* [What needs to be done]: Below are the records; print them again exactly and omit the pictures.

[Records drawn from a dataset]
Content starts

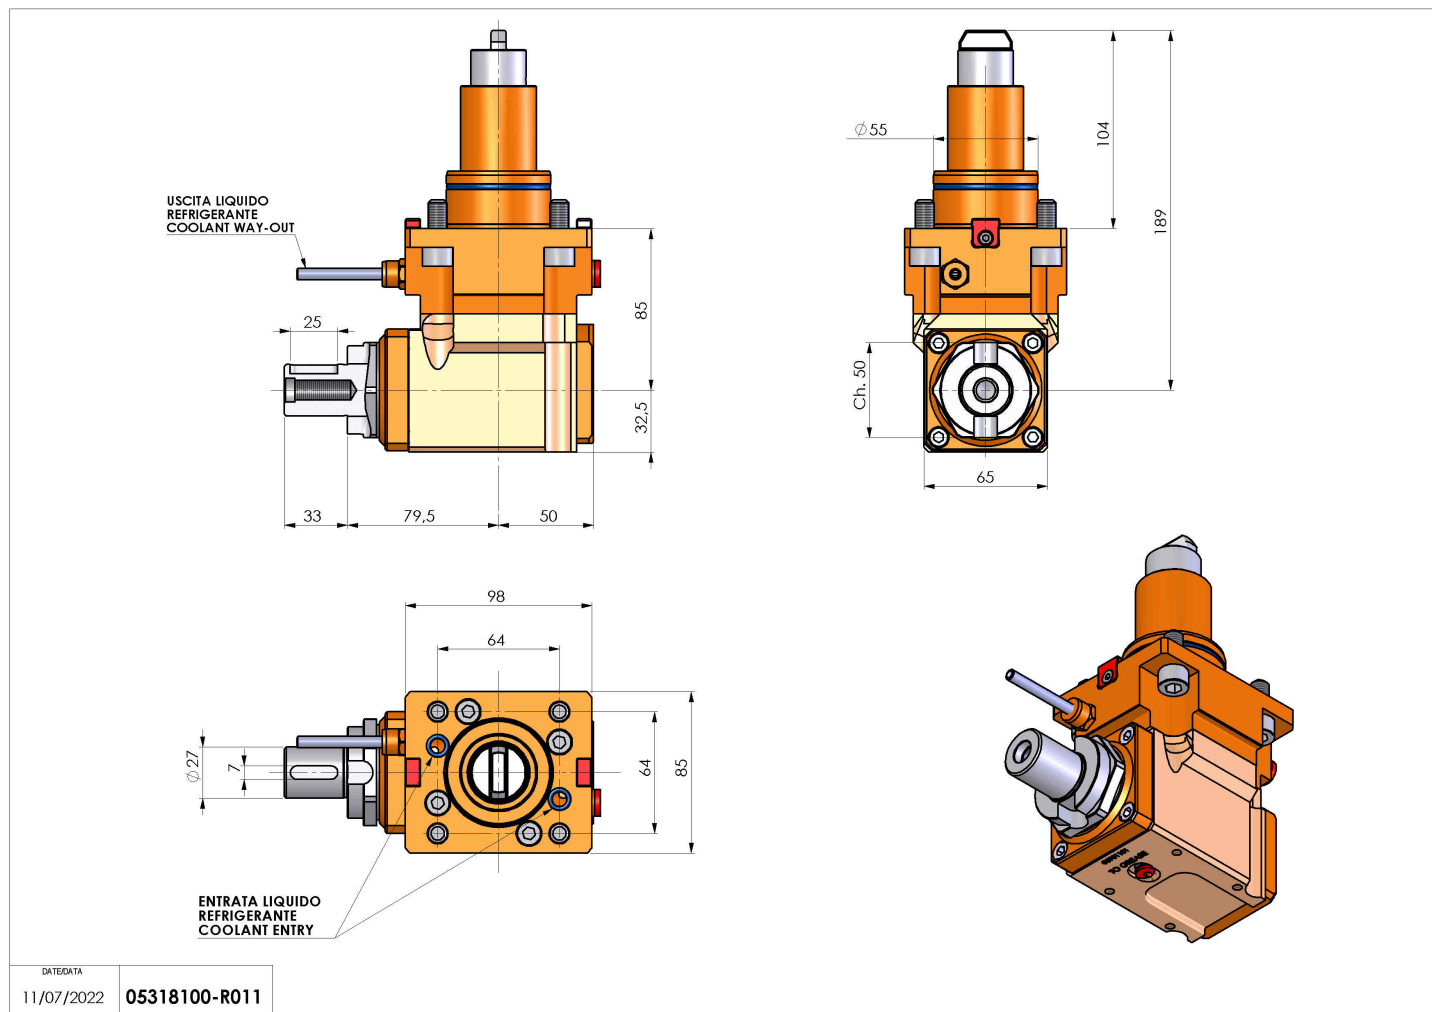

05318100 - LT-A BMT55 BD DIN138-27 LR H85

Tipo	LT-A Portautensili angolare a 90°
Attacco	BMT 55 BIG DRIVE
Uscita utensile	Portafrese DIN138 D27
Raffreddamento	Refrigerazione esterna
Senso di rotazione	r1 r2
Velocità max [1/min]	6000
Coppia max [Nm]	40
Rapporto	1:1
H [mm]	85
H1 [mm]	32.5
Accessori	N.D.
Note	N.D.
Note per il montaggio	N.D.

Verificare sempre gli ingombri del portautensile in torretta

Salvo modifiche tecniche

DATE/ATA
11/07/2022 05318100-R011
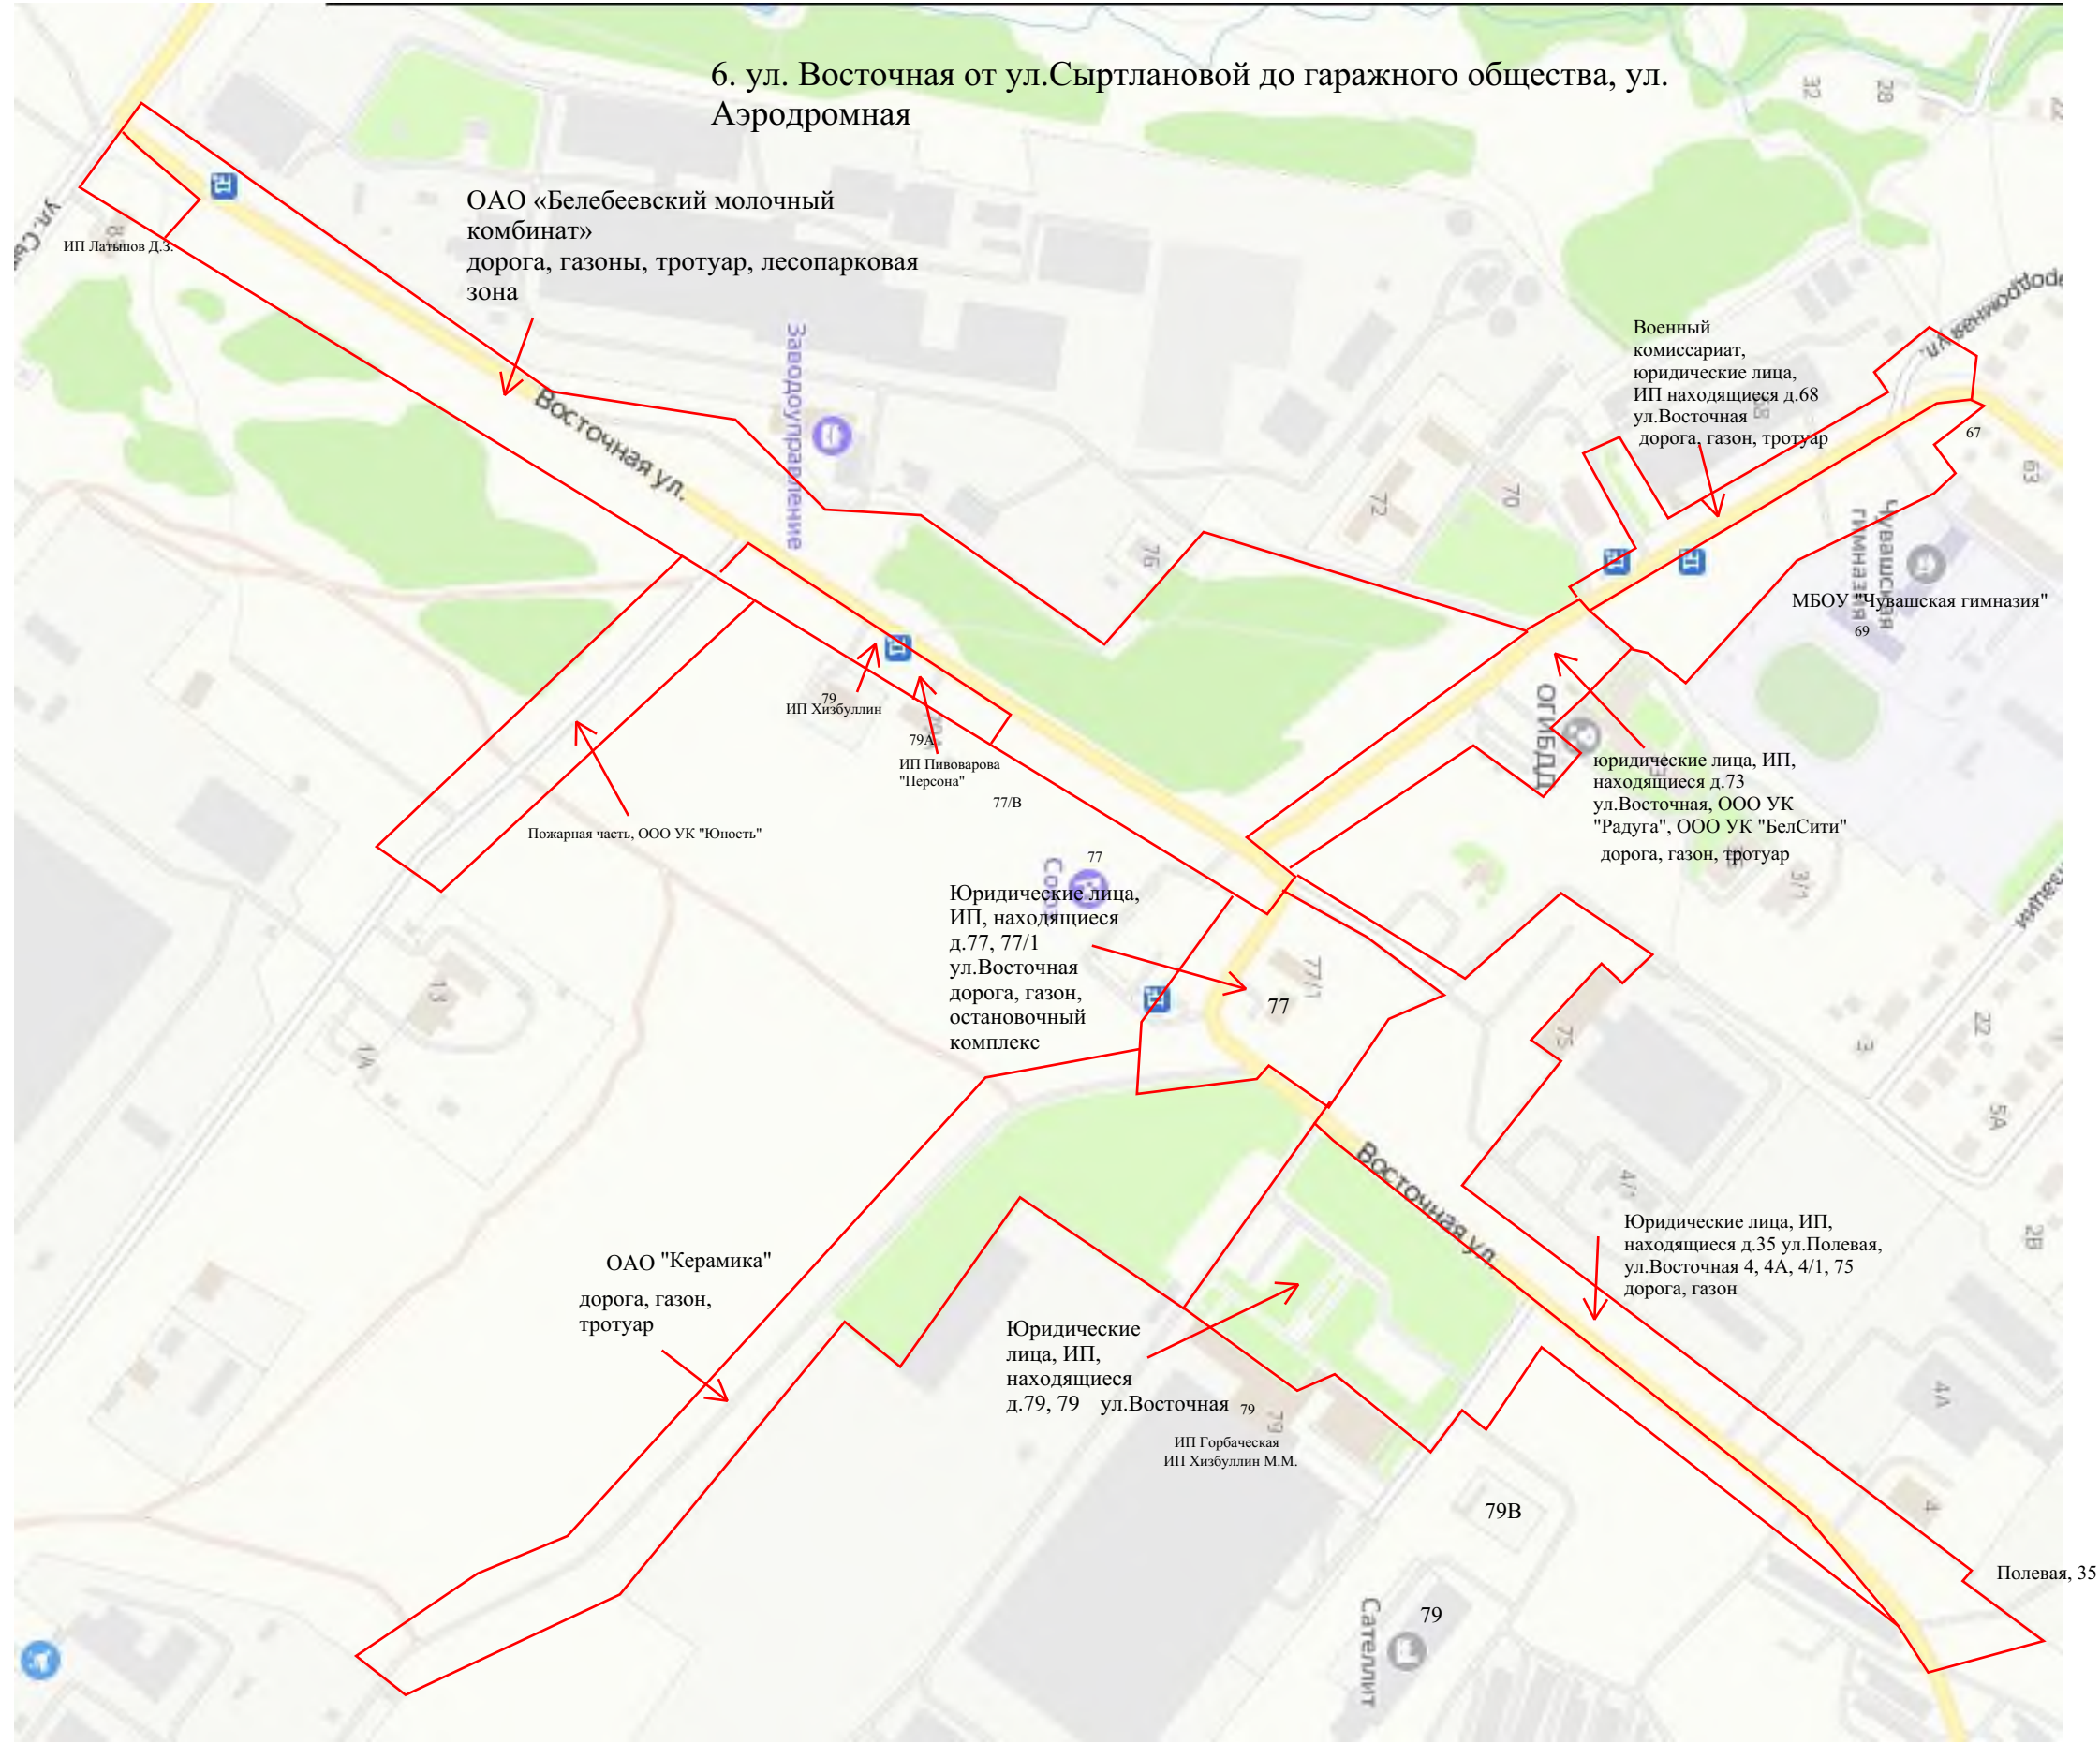

Здоровье

Пруд  
Гормолкомбинат

6. ул. Восточная от ул.Сыртлановой до гаражного общества, ул.  
Аэродромная

ОАО «Белебеевский молочный комбинат»  
дорога, газоны, тротуар, лесопарковая зона

ИП Латыпов Д.З.

Content ends

* [Exercise output]:
05318100 - LT-A BMT55 BD DIN138-27 LR H85

Tipo	LT-A Portautensili angolare a 90°
Attacco	BMT 55 BIG DRIVE
Uscita utensile	Portafrese DIN138 D27
Raffreddamento	Refrigerazione esterna
Senso di rotazione	r1 r2
Velocità max [1/min]	6000
Coppia max [Nm]	40
Rapporto	1:1
H [mm]	85
H1 [mm]	32.5
Accessori	N.D.
Note	N.D.
Note per il montaggio	N.D.

Verificare sempre gli ingombri del portautensile in torretta

Salvo modifiche tecniche

DATE/ATA
11/07/2022 05318100-R011

Здоровье

Пруд  
Гормолкомбинат

6. ул. Восточная от ул.Сыртлановой до гаражного общества, ул.  
Аэродромная

ОАО «Белебеевский молочный комбинат»  
дорога, газоны, тротуар, лесопарковая зона

ИП Латыпов Д.З.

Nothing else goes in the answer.